In a third aspect, the present invention provides an antigen affinity prediction model established using the method of the second aspect of the invention, the antigen affinity prediction model comprising: a data acquisition module, an input vector establishing module and a model establishing module,

the data acquisition module is used for acquiring a data set of the oligomer-immune molecule combination structure, wherein the data set comprises the affinity of oligomer-immune molecule combination;

the input vector establishing module is used for mapping the sequence of the oligomer, the monomer position of the oligomer and the immune molecule into high-dimensional vectors respectively by using a data set of the oligomer-immune molecule combination structure, and fusing the three high-dimensional vectors into a vector of the oligomer-immune molecule combination structure;

the model building module is used for training a deep neural network by using the vector of the oligomer-immune molecule combination structure and affinity data to build an antigen affinity prediction model.
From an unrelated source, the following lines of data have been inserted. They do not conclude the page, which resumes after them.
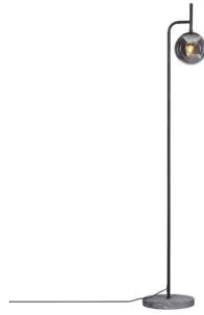

Boyle XL wall lamp

In stock

The Boyle wall light certainly turns heads. Thanks to its fusion of black metal and smoky glass, the Boyle wall light fits into the vast majority of surroundings.

Product information

Height (cm):	136
Depth (cm):	31.5
Diameter (cm):	18
Cord length (cm):	2.5

Additional information

Frame material:	Metal
Socket:	1 X E27
Maximum allowed bulb wattage:	Max. 5W
IP rating:	IP20
Item number:	4300570-4505
EAN:	7391741005724
Gross weight:	2,2
Net weight:	1,6
Color:	Black
Frame color:	Black
Glass color:	Smoke -grey
Cable color:	Black

Product family

Boyle table lamp

In stock

Boyle wall lamp

In stock

Boyle floorlamp

In stock

Boyle 8-lt hanging lamp

In one embodiment, in the model building module, the deep neural network comprises a deep convolutional layer and a multi-layer fully-connected layer, the deep convolutional layer is used for extracting feature vectors of oligomer-immune molecules in a training data set, the feature vectors are input into the multi-layer fully-connected layer, the multi-layer fully-connected layer maps the feature vectors into affinity values, and network parameters are obtained through a back propagation algorithm.

In one embodiment, a global pooling layer θ R is added after the last convolutional layer^n×p→R^pAnd p is the output dimension of the last layer to obtain a feature vector.

In one embodiment, in the multi-layered fully-connected layer, the feature vectors obtained from the deep convolutional layer are mapped to affinity values by the fully-connected layer by the following method:

According to the invention, the oligomer-immune molecule composite structure is modeled by a deep learning technology, so that the expression of a deep learning model is enhanced; the deep model of oligomer short sequences is realized by improving the deep learning technology, and the complexity and the learning capacity of a single neural network are enhanced.

Drawings

Fig. 1 shows the overall structure of an antigen affinity prediction model according to one embodiment of the present invention.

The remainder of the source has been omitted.